Record extracts START
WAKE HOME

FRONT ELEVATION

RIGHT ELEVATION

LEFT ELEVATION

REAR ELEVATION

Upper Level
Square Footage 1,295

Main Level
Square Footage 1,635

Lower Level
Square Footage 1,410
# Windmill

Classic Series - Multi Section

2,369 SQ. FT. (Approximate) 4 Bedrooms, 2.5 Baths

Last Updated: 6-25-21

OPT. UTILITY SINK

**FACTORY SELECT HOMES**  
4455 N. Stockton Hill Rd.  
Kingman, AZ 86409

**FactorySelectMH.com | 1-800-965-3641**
Record extracts END
Record extracts START
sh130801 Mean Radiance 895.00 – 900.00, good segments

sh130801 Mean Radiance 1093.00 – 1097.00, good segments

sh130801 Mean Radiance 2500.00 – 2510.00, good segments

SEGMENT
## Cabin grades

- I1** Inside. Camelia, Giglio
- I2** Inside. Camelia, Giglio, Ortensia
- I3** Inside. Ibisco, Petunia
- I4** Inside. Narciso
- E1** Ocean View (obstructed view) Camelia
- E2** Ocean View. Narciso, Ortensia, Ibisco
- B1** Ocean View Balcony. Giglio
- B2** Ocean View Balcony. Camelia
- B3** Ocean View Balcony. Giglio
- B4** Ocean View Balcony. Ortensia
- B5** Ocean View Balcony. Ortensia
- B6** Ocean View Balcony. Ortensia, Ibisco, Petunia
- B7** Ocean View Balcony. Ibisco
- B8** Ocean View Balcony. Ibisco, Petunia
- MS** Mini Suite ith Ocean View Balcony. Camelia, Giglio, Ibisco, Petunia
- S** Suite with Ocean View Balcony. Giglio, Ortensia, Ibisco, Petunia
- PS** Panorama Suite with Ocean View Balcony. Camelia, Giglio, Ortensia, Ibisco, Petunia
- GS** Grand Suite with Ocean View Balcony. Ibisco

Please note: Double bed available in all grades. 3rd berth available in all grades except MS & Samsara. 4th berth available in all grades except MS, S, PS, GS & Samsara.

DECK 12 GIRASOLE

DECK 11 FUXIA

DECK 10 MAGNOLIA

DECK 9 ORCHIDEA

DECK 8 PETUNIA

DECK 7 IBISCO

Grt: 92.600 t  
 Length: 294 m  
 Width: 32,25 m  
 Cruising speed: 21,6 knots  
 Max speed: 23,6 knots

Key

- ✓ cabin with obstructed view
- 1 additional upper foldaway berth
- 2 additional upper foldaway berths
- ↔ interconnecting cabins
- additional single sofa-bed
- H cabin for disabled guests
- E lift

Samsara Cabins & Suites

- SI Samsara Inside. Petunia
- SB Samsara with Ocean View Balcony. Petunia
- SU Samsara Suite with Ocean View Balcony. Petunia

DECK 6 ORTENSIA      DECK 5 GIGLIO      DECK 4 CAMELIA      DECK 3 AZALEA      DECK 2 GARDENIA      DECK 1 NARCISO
Record extracts END
◆ What to work on ◆
In the data above, find each line that has the word "segments" and copy it out.

◆ Answer for this exercise ◆
sh130801 Mean Radiance 895.00 – 900.00, good segments
sh130801 Mean Radiance 1093.00 – 1097.00, good segments
sh130801 Mean Radiance 2500.00 – 2510.00, good segments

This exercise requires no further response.